Could this then be the secret as to what has kept freemasonry a strong and successful fraternal organisation through the centuries? Those same criticisms that began three centuries ago continue today in almost identical form and wording but have never been backed by fact.

(*13)Their arguments and criticism fail to mention that Freemasonry supports religion and there is nothing in a Freemason s obligations that can be considered to cause conflict with public duty. It is, however, always sensational articles and books claiming to reveal all the secrets of the Freemasons.
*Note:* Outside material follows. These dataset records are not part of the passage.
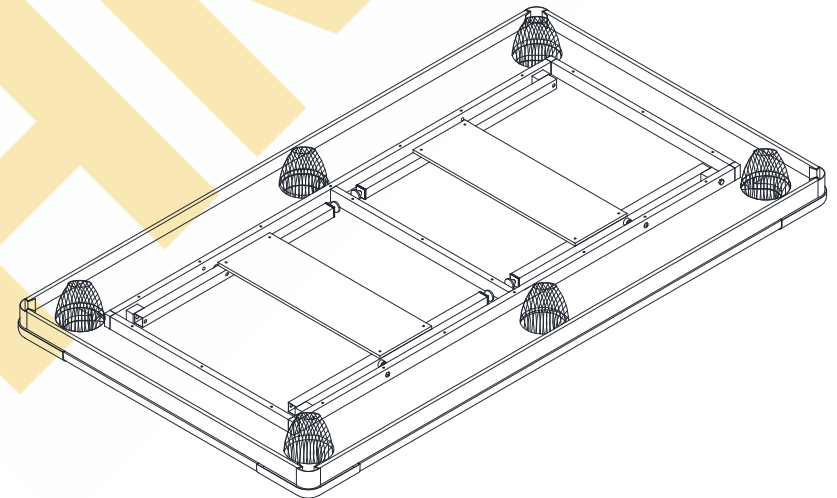

Contact Us!

Do NOT return this item.

Contact our friendly customer service department for help first.

USER'S MANUAL

Folding Billiard Table NP10255WL-BL

THIS INSTRUCTION BOOKLET CONTAINS **IMPORTANT** SAFETY INFORMATION. PLEASE READ AND KEEP FOR FUTURE REFERENCE.

PARTS IDENTIFIER

1

2
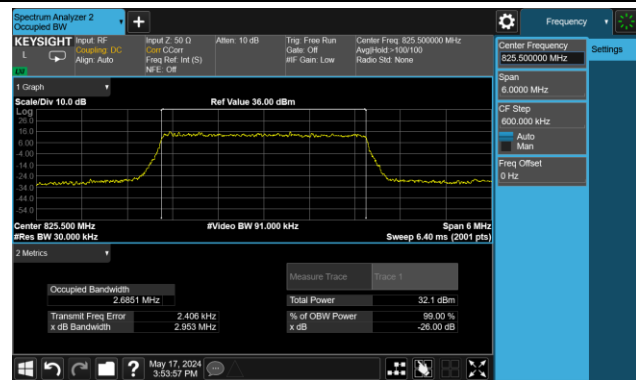

99% Bandwidth – 1.4MHz Bandwidth QPSK

Low Channel Bandwidth

Middle Channel Bandwidth

High Channel Bandwidth

99% Bandwidth – 3MHz Bandwidth QPSK

Low Channel Bandwidth

Middle Channel Bandwidth

High Channel Bandwidth
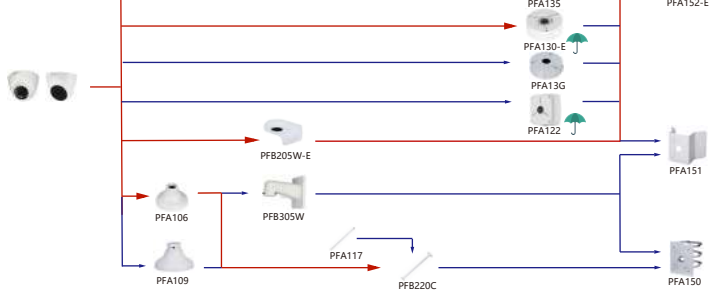

Selection of IP&CVI Eyeball Camera

Shape	IP Camera	CVI Camera
		HAC-HDW1100/1220/1400/1200R HAC-T1441/51

The fascination to me is that these authors are unaware of the fact that they are mimicking (*14)Samuel Prichard, who in 1730, more than 250 years ago, had made exactly the same claim about revealing the secrets of the Freemasons, in his book Masonry Dissected. Prichard claimed to belong to a recently constituted Lodge though there is no evidence that he ever was a freemason. The only common denominator between Prichard and the modern authors of anti-masonic literature is the reason for their respective publications: monetary gain.

BLESSING IN DISGUISE
In Prichard s case, however, his exposure - as these publications disclosing Masonic ritual came to be known - is a blessing in disguise for the student of freemasonry today. The only available contemporary Grand Lodge information is to be found in (*15) Anderson s Constitutions of the Free-Masons published in 1723. As a source of historical information, it is considered to be quite unreliable. The (*16)frontispiece, however, is possibly the only totally reliable information in the entire publication.
It depicts the Constitutions being passed by the Duke of Montagu to the new Grand Master the Duke of Wharton. They are surrounded by identified freemasons of prominence in the premier Grand Lodge of England. We also have an insight to the costumes and aprons of the period.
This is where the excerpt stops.